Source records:
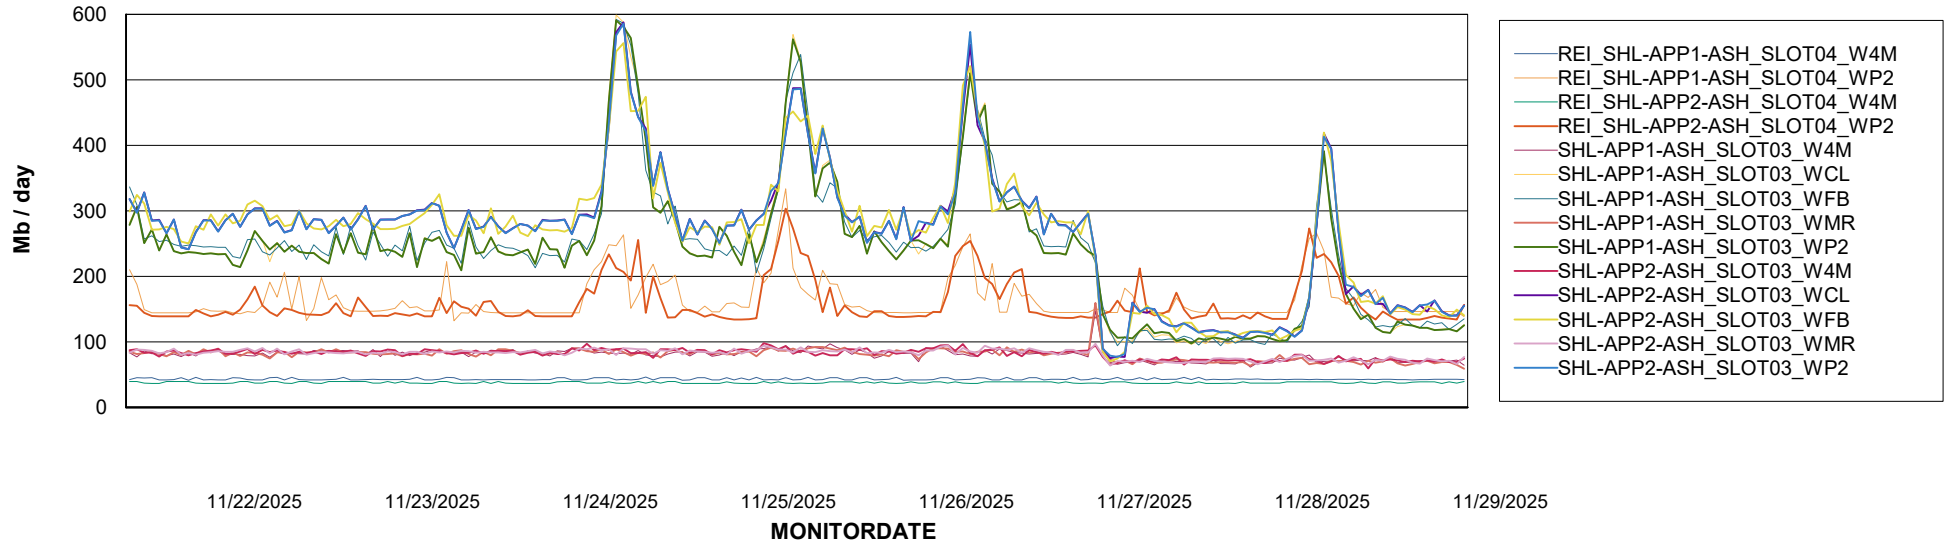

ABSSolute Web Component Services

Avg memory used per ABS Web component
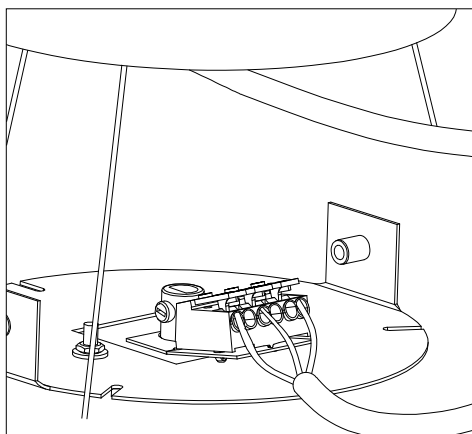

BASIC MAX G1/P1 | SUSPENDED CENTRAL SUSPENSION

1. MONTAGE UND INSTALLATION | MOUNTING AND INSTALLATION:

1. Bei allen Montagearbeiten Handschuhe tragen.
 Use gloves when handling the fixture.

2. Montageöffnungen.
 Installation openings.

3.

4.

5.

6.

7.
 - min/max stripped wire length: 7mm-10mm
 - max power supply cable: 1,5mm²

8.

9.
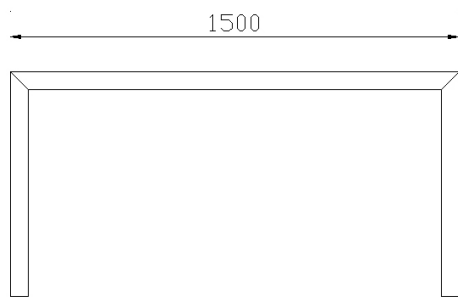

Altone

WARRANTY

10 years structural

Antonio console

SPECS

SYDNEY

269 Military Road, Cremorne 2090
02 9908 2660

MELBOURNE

WHAT NEEDS TO BE DONE: Write out the lines above from the one with "1. Bei allen" through the one with "02 9908 2660", ends included, exactly; no picture goes in.

YOUR SOLUTION:
1. Bei allen Montagearbeiten Handschuhe tragen.
 Use gloves when handling the fixture.

2. Montageöffnungen.
 Installation openings.

3.

4.

5.

6.

7.
 - min/max stripped wire length: 7mm-10mm
 - max power supply cable: 1,5mm²

8.

9.

Altone

WARRANTY

10 years structural

Antonio console

SPECS

SYDNEY

269 Military Road, Cremorne 2090
02 9908 2660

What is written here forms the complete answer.